**TASK ITEM:** Take the material below and output exactly the run of lines from the one containing "16 নাম : মিনতা" down to the one containing "25 নাম : বর্নালী", with both included.
── DATASET ──
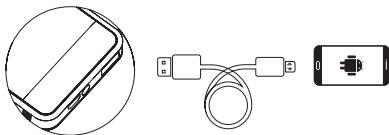

Lieferumfang

1 Powerbank, 1 USB- auf Micro-USB-Kabel, 1 Gebrauchsanweisung

- (1) USB-Output
- (2) Taschenlampe
- (3) Micro-USB-Input
- (4) Power On/Off
- (5) Ladestandsanzeige

LED Anzeigen

Drücken Sie einmal den „Power On/ Off“-Knopf, um den Ladezustand der Powerbank anzuzeigen.

Es wird empfohlen, die Powerbank aufzuladen wenn weniger als 10% Energie übrig sind.

Produkt Spezifikationen

Batterietyp:	Lithium Polymer
Kapazität:	14.8 Wh (3.7V/4.000 mAh)
Micro-USB-Input:	5V/1.0A
USB-Output:	5V/1.0A
Abmessungen:	106 x 59 x 12,3 mm
Gewicht:	106 g

Kompatibilität

Die Powerbank ist kompatibel mit **allen** Smartphones, Tablets und **allen** anderen USB-fähigen Geräten mit einem 5V-Ladeinput. Um Ihre Geräte mit der Powerbank aufzuladen, stecken Sie hierzu das Ladekabel in den USB-Ausgang. Das mitgelieferte Kabel kann mit **allen** mobilen Geräten verwendet werden, die über einen Micro-USB-Eingang verfügen. Für andere Geräte verwenden Sie bitte das vom Hersteller mitgelieferte Kabel. Nach Beenden des Ladevorgangs das Ladekabel aus dem mobilen Gerät ziehen. Nach wenigen Sekunden wird die Powerbank automatisch deaktiviert.
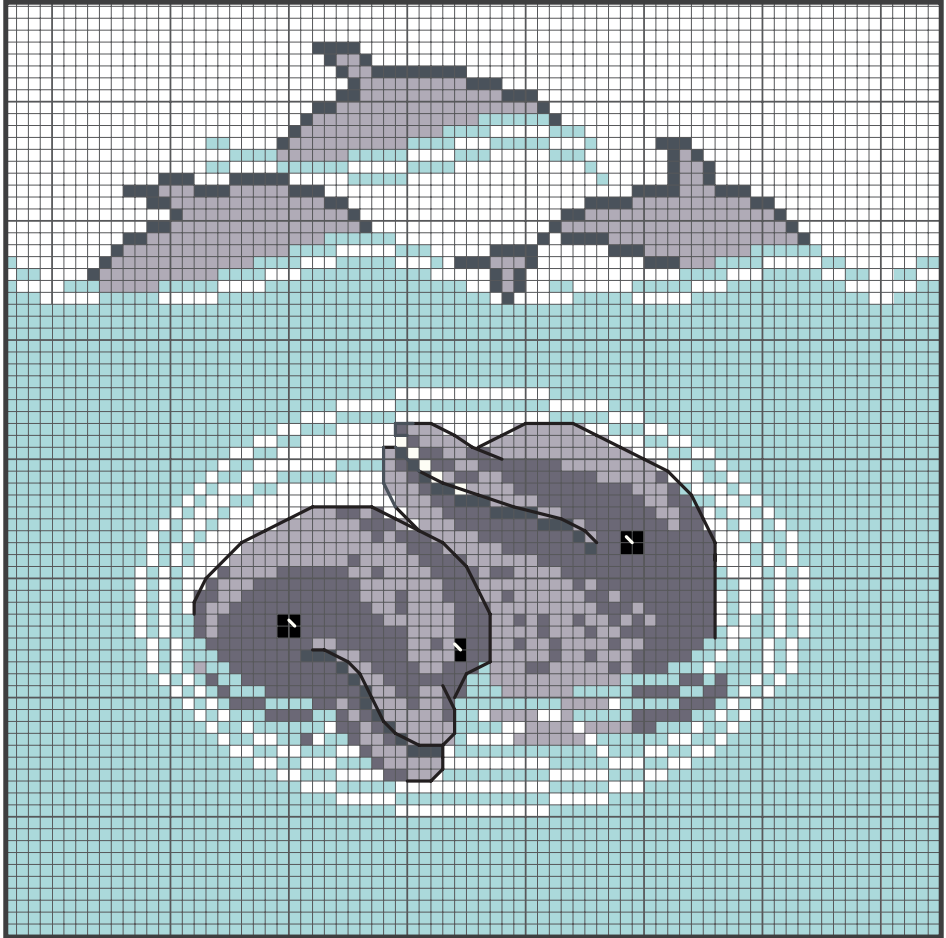

Delfine

Anchor	1	160	397	233	401
DMC	B5200	519	3072	451	413
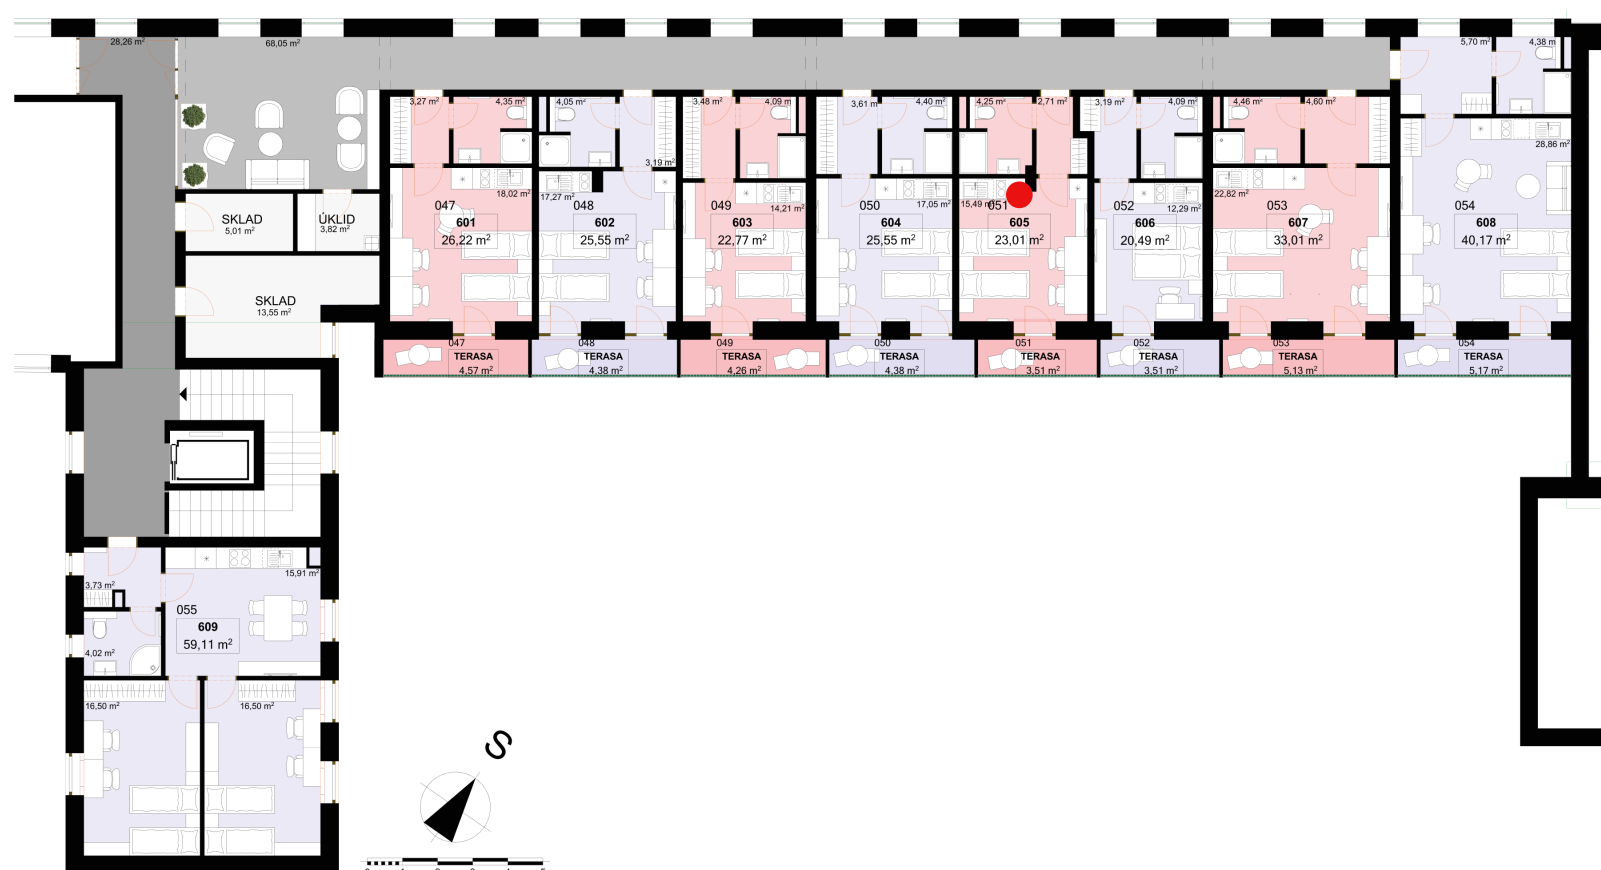

<b>605</b>	<b>1+KK</b>	<b>m<sup>2</sup></b>
Chodba	2,71	
Koupelna + WC	4,25	
Obytný prostor	15,49	
<b>Užitná plocha</b>	<b>22,45</b>	
<b>Celková plocha</b>	<b>23,01</b>	
Terasa	3,51	

Uvedené míry jsou pouze orientační. Zařízení bytu mimo sanitárních předmětů je ilustrativní a není součástí dodávky.  
 Developer si vyhrazuje právo na změnu.  
 Celková plocha je plocha dle NV č. 366/2013
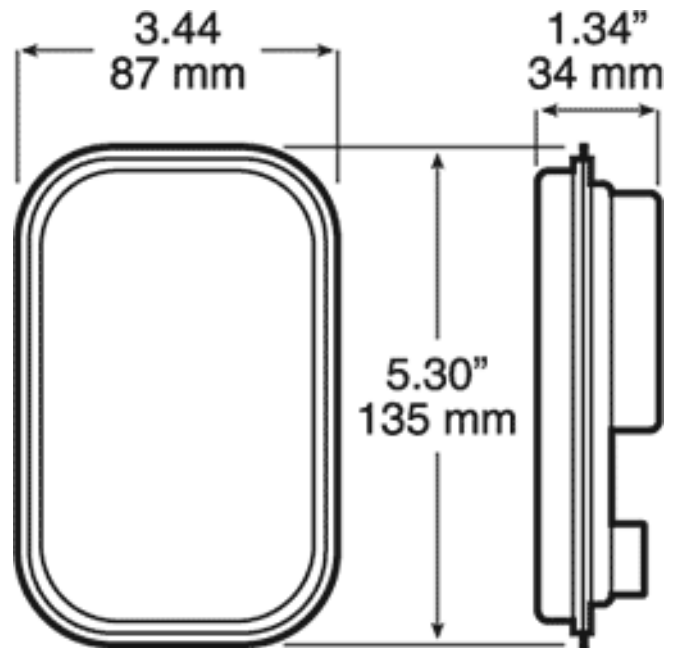

# LICHTEN VOOR EN ACHTER

PM 850A-R

Achterlicht LED | positie | stop | richtingaanwijzer

EAN: 5414184060357

## Specificaties

Afmetingen	135 mm x 87 mm x 34 mm
Bevat Positie	Ja
Bevat Richtingaanwijzer	Ja
Bevat Stop	Ja
Bevat geen driehoekige reflector	Ja
Bevestiging	Opbouw

EMC R10	Ja
IP-graad	IP67
Lichtbron	LED
Montagezijde	Achteraan - Links & rechts
Type	Achterlichten
Voeding	12V - 24V
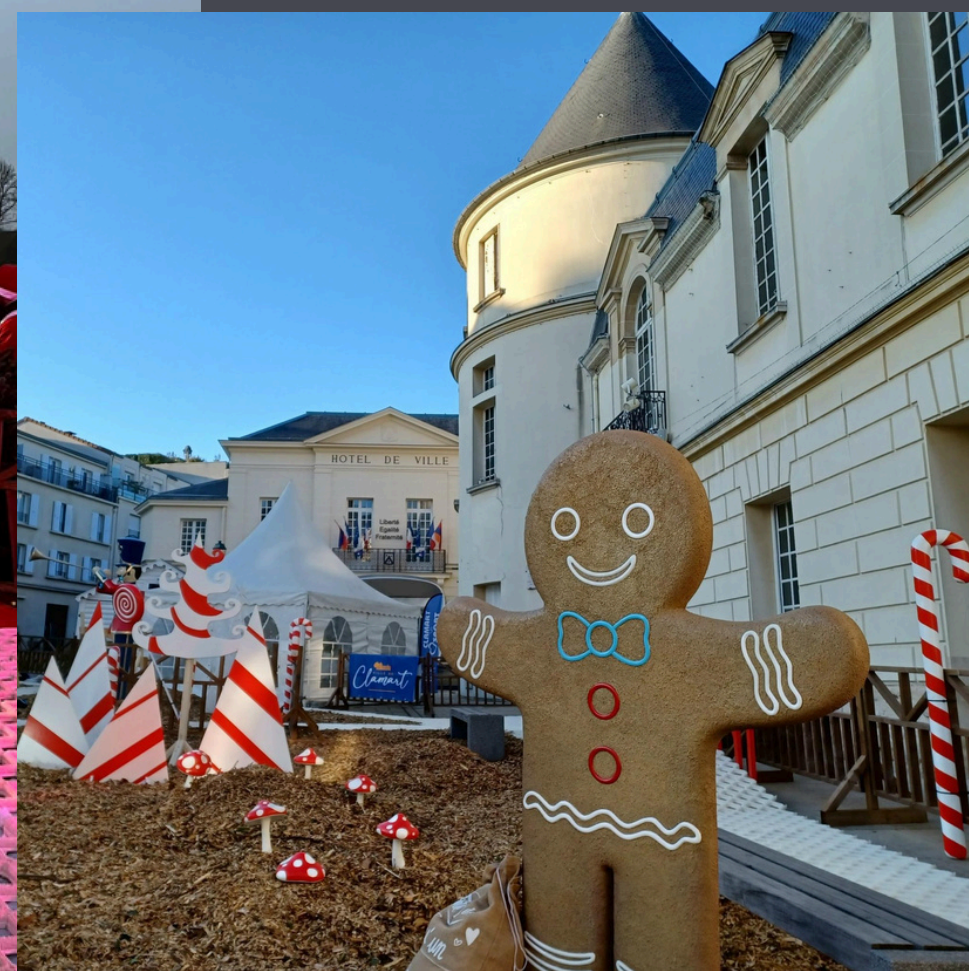

Ludipr 
www.ludipro.com

Thème Noël Féérique

Plongez dans l'univers magique du célèbre ballet du Casse-Noisette, où chaque détail évoque l'émerveillement de l'enfance. Des sapins scintillants, un train, des soldats casse-noisette, des jouets anciens comme sortis d'un grenier enchanté. L'ambiance est douce, chaleureuse, une fabrique à jouets avec les lutins en activité pour le bonheur des petits comme des grands. Une nostalgie de l'enfance. Lumières dorées et effluves de cannelle viennent parfaire cette parenthèse féérique, idéale pour un événement de fin d'année inoubliable.

Thème Forêt enneigée & Merveilles du Grand Nord

Bienvenue dans un monde polaire où la nature règne en reine immaculée. Sous un ciel lumineux et cristallin, de majestueux sapins enneigés bordent les chemins, pendant que des pingouins malicieux glissent autour d'un décor scintillant. Au coeur de ce paysage hivernal, une patinoire en plein air, une piste de fond et une descente alpine miniature offrent une immersion totale dans les plaisirs de l'hiver. Flocons virevoltants, banquise reconstituée, igloos lumineux et ambiance nordique viennent compléter ce décor féérique digne d'un rêve glacé. Parfait pour un événement d'hiver, une animation de fin d'année ou un village de Noël qui émerveille petits et grands.

www.ludipro.com

Thème Confiseries & Douceurs Enchantées

Bienvenue au coeur d'un monde sucré où les friandises prennent vie. Dans ce décor digne d'un conte de Hansel et Gretel, les allées sont bordées de sucre d'orge géant, de cupcakes pastel et de montagnes de guimauves. De joyeux bonshommes en pain d'épice vous saluent au détour d'un arbre en sucette, pendant que les senteurs de vanille et de cannelle flottent dans l'air. L'ambiance est gourmande, joyeuse et féérique : une explosion de couleurs, de douceurs et d'émerveillement, idéale pour faire rêver petits et grands. Parfait pour un marché de Noël, une fête d'anniversaire enchantée ou tout événement où la magie rime avec gourmandise.
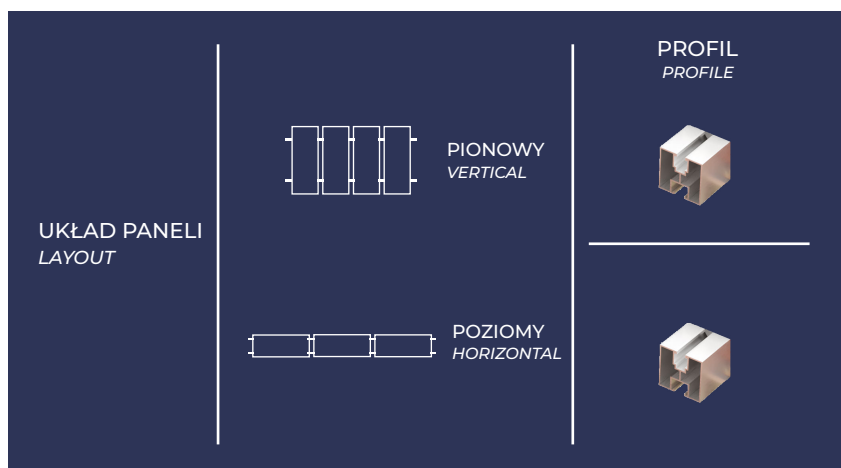

Rodzaj dachu / Roof type: *Dach skośny / Sloped Roof*  
Pokrycie dachu / Roofing: *Dachówka Karpiówka / Plain tile*

Indeks / Index: UCH-25/137

## SPOSÓB MONTAŻU / SETUP

MAKS. ODLEGŁOŚĆ  
KOŃCA SZYNY OD PIERWSZEGO  
I OSTATNIEGO PODPARCIA  
MAXIMUM DISTANCE BETWEEN  
THE ENDS OF THE MOUNTING RAIL  
FROM THE FIRST  
AND LAST SUPPORT POINT

**300 MM**

MAKS. ODLEGŁOŚĆ  
MIĘDZY KOLEJNYMI PODPRACAMI

MAXIMUM DISTANCE BETWEEN  
SUPPORT POINTS

**1500 MM**
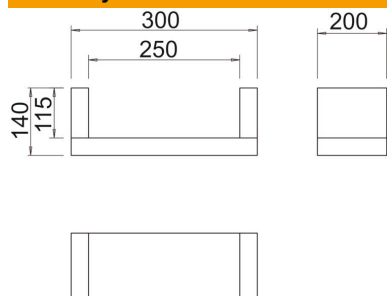

## Kmenová data

Objednací číslo	7215760
Typ	ZSE90-25-11 L
Označení 1	Odlehčení tahu
Označení 2	pro svislé uložení kabelů
Výrobce	OBO
Rozměr	300x140x200
Barva	krémová bílá; RAL 9001
Materiál	Křemičitan vápenatý
Nejmenší prodejní množství	1
Množstevní jednotka	Množství
Hmotnost	320 kg
Jednotka hmotnosti	kg/100 párů

# List technických údajů

Třístranné odlehčení tahu, prázdný kryt, vnitřní výška 115 mm

Objednací číslo: 7215760

## Rozměry

Délka	200 mm
Šířka	300 mm
Výška	140 mm
Rozměr B	300 mm
Rozměr b	250 mm
Rozměr H	200 mm
Rozměr t	140 mm
Rozměr t	115 mm
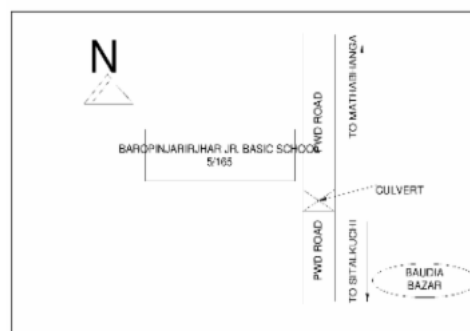

নির্বাচক নিবন্ধন আধিকারিকের স্বাক্ষর

Nazri Naksha

Google Map View

Polling Station Building Front View

Polling Station Front View

Cad View

Key MAP View

1 নাম : বুলবুলী প্রামানিক স্বামীর নাম: খগেন্দ্র নাথ প্রামানিক বাড়ির নং : n0027 বয়স : 42 লিঙ্গ : মহিলা	LPC2571826 ফটো উপলব্ধ	2 নাম : শোভা (সরকার) প্রামানিক স্বামীর নাম: যোগেন্দ্র প্রামানিক বাড়ির নং : n0027 বয়স : 50 লিঙ্গ : মহিলা	LPC2627875 ফটো উপলব্ধ	3 নাম : নগেন্দ্রনাথ প্রামানিক পিতার নাম: দেবেন্দ্র নাথ প্রামানিক বাড়ির নং : n0027 বয়স : 56 লিঙ্গ : পুরুষ	WB/01/002/282324 ফটো উপলব্ধ
4 নাম : রিয়া প্রামানিক পিতার নাম: যোগেন্দ্র নাথ প্রামানিক বাড়ির নং : এন0027 বয়স : 23 লিঙ্গ : মহিলা	YSL2698603 ফটো উপলব্ধ	5 নাম : যোগেন্দ্রনাথ প্রামানিক পিতার নাম: দেবেন্দ্র নাথ প্রামানিক বাড়ির নং : n0027 বয়স : 58 লিঙ্গ : পুরুষ	WB/01/002/282406 ফটো উপলব্ধ	6 নাম : পম্পী প্রামানিক পিতার নাম: নগেন্দ্র নাথ প্রামানিক বাড়ির নং : n0027 বয়স : 28 লিঙ্গ : মহিলা	YSL2194710 ফটো উপলব্ধ
7 নাম : টুম্পা প্রামানিক পিতার নাম: নগেন্দ্র নাথ প্রামানিক বাড়ির নং : এন0057 বয়স : 23 লিঙ্গ : মহিলা	YSL2698587 ফটো উপলব্ধ	8 নাম : পরিস্ফীত প্রামাণিক পিতার নাম: যোগেন্দ্র নাথ প্রামাণিক বাড়ির নং : 223 বয়স : 21 লিঙ্গ : পুরুষ	YSL2890598 ফটো উপলব্ধ	9 নাম : রুপালী প্রামানিক স্বামীর নাম: নগেন্দ্র নাথ প্রামানিক বাড়ির নং : n0027 বয়স : 46 লিঙ্গ : মহিলা	LPC1415413 ফটো উপলব্ধ
10 নাম : মৃগাল প্রামাণিক পিতার নাম: খগেন্দ্র নাথ প্রামাণিক বাড়ির নং : 222 বয়স : 21 লিঙ্গ : পুরুষ	YSL2890572 ফটো উপলব্ধ	11 নাম : খগেন্দ্রনাথ প্রামানিক পিতার নাম: দেবেন্দ্র নাথ প্রামানিক বাড়ির নং : n0027 বয়স : 53 লিঙ্গ : পুরুষ	WB/01/002/282283 ফটো উপলব্ধ	12 নাম : কমিলা পাটোয়ারী স্বামীর নাম: বিমল পাটোয়ারী বাড়ির নং : n0057 বয়স : 46 লিঙ্গ : মহিলা	LPC1415306 ফটো উপলব্ধ
13 নাম : দীপক পাটোয়ারী পিতার নাম: লালচন্দ্র পাটোয়ারী বাড়ির নং : n0057 বয়স : 53 লিঙ্গ : পুরুষ	WB/01/002/282745 ফটো উপলব্ধ	14 নাম : কালাচাঁদ পাটোয়ারী পিতার নাম: নালুরাম পাটোয়ারী বাড়ির নং : n0056 বয়স : 73 লিঙ্গ : পুরুষ	WB/01/002/282236 ফটো উপলব্ধ	15 নাম : বিমল পাটোয়ারী পিতার নাম: লালচন্দ্র পাটোয়ারী বাড়ির নং : n0057 বয়স : 55 লিঙ্গ : পুরুষ	WB/01/002/282756 ফটো উপলব্ধ
16 নাম : মিনতা বর্মন (পাটোয়ারী) স্বামীর নাম: রবীন্দ্র পাটোয়ারী বাড়ির নং : n0056 বয়স : 40 লিঙ্গ : মহিলা	LPC2269967 ফটো উপলব্ধ	17 নাম : শম্ভু পাটোয়ারী পিতার নাম: কালাচাঁদ পাটোয়ারী বাড়ির নং : n0056 বয়স : 30 লিঙ্গ : পুরুষ	YSL1948900 ফটো উপলব্ধ	18 নাম : কৃষ্ণদাস পাটোয়ারী পিতার নাম: কালাচাঁদ পাটোয়ারী বাড়ির নং : n0056 বয়স : 29 লিঙ্গ : পুরুষ	YSL2194504 ফটো উপলব্ধ
19 নাম : বেজবাবা পাটোয়ারী স্বামীর নাম: লালচন্দ্র পাটোয়ারী বাড়ির নং : n0057 বয়স : 69 লিঙ্গ : মহিলা	WB/01/002/282300 ফটো উপলব্ধ	20 নাম : বিন্দুবাবা পাটোয়ারী স্বামীর নাম: আনন্দ পাটোয়ারী বাড়ির নং : n0056 বয়স : 71 লিঙ্গ : মহিলা	WB/01/002/282317 ফটো উপলব্ধ	21 নাম : অনিতা বর্মন (পাটোয়ারী) স্বামীর নাম: অধীর বর্মন বাড়ির নং : n0056 বয়স : 38 লিঙ্গ : মহিলা	YSL1389204 ফটো উপলব্ধ
22 নাম : রবীন্দ্র পাটোয়ারী পিতার নাম: আনন্দ পাটোয়ারী বাড়ির নং : n0056 বয়স : 42 লিঙ্গ : পুরুষ	LPC2065365 ফটো উপলব্ধ	23 নাম : পূর্ণবাবা পাটোয়ারী স্বামীর নাম: কালাচাঁদ পাটোয়ারী বাড়ির নং : n0056 বয়স : 68 লিঙ্গ : মহিলা	WB/01/002/282302 ফটো উপলব্ধ	24 নাম : পিংকি পাটোয়ারী পিতার নাম: বিমল পাটোয়ারী বাড়ির নং : এন0057 বয়স : 27 লিঙ্গ : মহিলা	YSL2452092 ফটো উপলব্ধ
25 নাম : বর্নালী পাটোয়ারী পিতার নাম: দীপক পাটোয়ারী বাড়ির নং : সটিমারী বয়স : 22 লিঙ্গ : মহিলা	YSL2952133 ফটো উপলব্ধ	26 নাম : পঙ্কজ পাটোয়ারী পিতার নাম: দীপক পাটোয়ারী বাড়ির নং : এন0057 বয়স : 25 লিঙ্গ : পুরুষ	YSL2452084 ফটো উপলব্ধ	27 নাম : অনিতা পাল স্বামীর নাম: তাপস পাল বাড়ির নং : এন0114 বয়স : 33 লিঙ্গ : মহিলা	YSL2319598 ফটো উপলব্ধ
28 নাম : দীপঙ্কর পাল পিতার নাম: সঞ্জিব পাল বাড়ির নং : n0087 বয়স : 35 লিঙ্গ : পুরুষ	YSL1496041 ফটো উপলব্ধ	29 নাম : উজ্জ্বলা পাল স্বামীর নাম: সুভাষ পাল বাড়ির নং : n0087 বয়স : 57 লিঙ্গ : মহিলা	WB/01/002/282435 ফটো উপলব্ধ	30 নাম : তরুলতা পাল স্বামীর নাম: শ্যামল পাল বাড়ির নং : n0087 বয়স : 40 লিঙ্গ : মহিলা	LPC2269835 ফটো উপলব্ধ
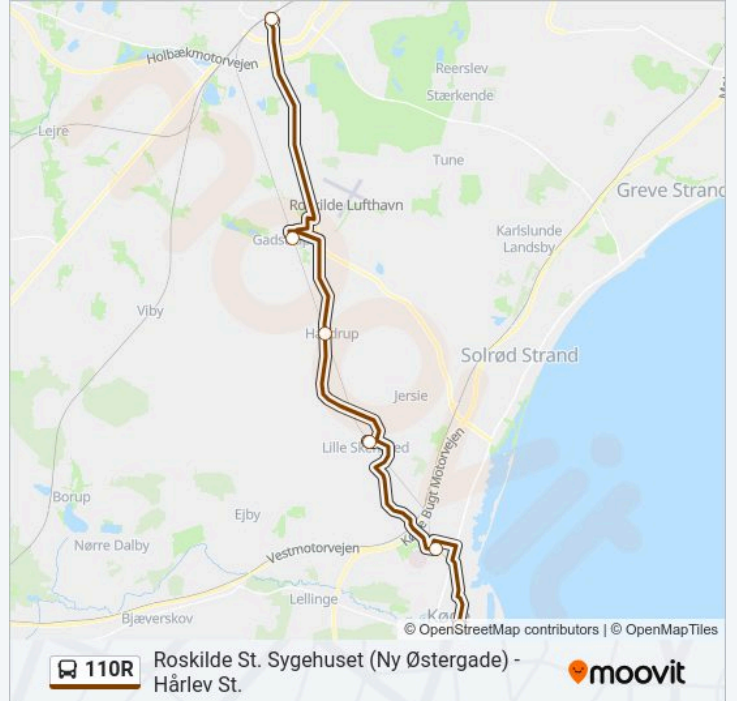

110R bus linjen (Roskilde St. Sygehuset (Ny Østergade) - Hårlev St.) har 3 ruter. på almindelige hverdage er deres kørselstider:

(1) Hårlev St.: 01:20(2) Køge St. Østre Banevej: 21:52 - 22:52(3) Roskilde St. Sygehuset: 21:18 - 23:18

Retning: Køge St. Østre Banevej

6 stop

[SE LINJEKØREPLAN](#)

Roskilde St. Sygehuset (Ny Østergade)

Gadstrup St. (Stationsvej)

Havdrup St.

Lille Skensved St. (Ved Banen)

Ølby St. (Søndre Centervej)

Køge St., Østre Banevej (Østre Banevej)

110R bus køreplan

Køge St. Østre Banevej Rute køreplan:

mandag	21:52 - 22:52
tirsdag	21:52 - 22:52
onsdag	Ikke I Drift
torsdag	Ikke I Drift
fredag	Ikke I Drift
lørdag	Ikke I Drift
søndag	21:52 - 22:52

110R bus information

Retning: Køge St. Østre Banevej

Stoppesteder: 6

Turvarighed: 51 min

Linjeoversigt:

Retning: Roskilde St. Sygehuset

6 stop

[SE LINJEKØREPLAN](#)
───
**ANSWER TO THE EXERCISE:**
16 নাম : মিনতা বর্মন (পাটোয়ারী) স্বামীর নাম: রবীন্দ্র পাটোয়ারী বাড়ির নং : n0056 বয়স : 40 লিঙ্গ : মহিলা	LPC2269967 ফটো উপলব্ধ	17 নাম : শম্ভু পাটোয়ারী পিতার নাম: কালাচাঁদ পাটোয়ারী বাড়ির নং : n0056 বয়স : 30 লিঙ্গ : পুরুষ	YSL1948900 ফটো উপলব্ধ	18 নাম : কৃষ্ণদাস পাটোয়ারী পিতার নাম: কালাচাঁদ পাটোয়ারী বাড়ির নং : n0056 বয়স : 29 লিঙ্গ : পুরুষ	YSL2194504 ফটো উপলব্ধ
19 নাম : বেজবাবা পাটোয়ারী স্বামীর নাম: লালচন্দ্র পাটোয়ারী বাড়ির নং : n0057 বয়স : 69 লিঙ্গ : মহিলা	WB/01/002/282300 ফটো উপলব্ধ	20 নাম : বিন্দুবাবা পাটোয়ারী স্বামীর নাম: আনন্দ পাটোয়ারী বাড়ির নং : n0056 বয়স : 71 লিঙ্গ : মহিলা	WB/01/002/282317 ফটো উপলব্ধ	21 নাম : অনিতা বর্মন (পাটোয়ারী) স্বামীর নাম: অধীর বর্মন বাড়ির নং : n0056 বয়স : 38 লিঙ্গ : মহিলা	YSL1389204 ফটো উপলব্ধ
22 নাম : রবীন্দ্র পাটোয়ারী পিতার নাম: আনন্দ পাটোয়ারী বাড়ির নং : n0056 বয়স : 42 লিঙ্গ : পুরুষ	LPC2065365 ফটো উপলব্ধ	23 নাম : পূর্ণবাবা পাটোয়ারী স্বামীর নাম: কালাচাঁদ পাটোয়ারী বাড়ির নং : n0056 বয়স : 68 লিঙ্গ : মহিলা	WB/01/002/282302 ফটো উপলব্ধ	24 নাম : পিংকি পাটোয়ারী পিতার নাম: বিমল পাটোয়ারী বাড়ির নং : এন0057 বয়স : 27 লিঙ্গ : মহিলা	YSL2452092 ফটো উপলব্ধ
25 নাম : বর্নালী পাটোয়ারী পিতার নাম: দীপক পাটোয়ারী বাড়ির নং : সটিমারী বয়স : 22 লিঙ্গ : মহিলা	YSL2952133 ফটো উপলব্ধ	26 নাম : পঙ্কজ পাটোয়ারী পিতার নাম: দীপক পাটোয়ারী বাড়ির নং : এন0057 বয়স : 25 লিঙ্গ : পুরুষ	YSL2452084 ফটো উপলব্ধ	27 নাম : অনিতা পাল স্বামীর নাম: তাপস পাল বাড়ির নং : এন0114 বয়স : 33 লিঙ্গ : মহিলা	YSL2319598 ফটো উপলব্ধ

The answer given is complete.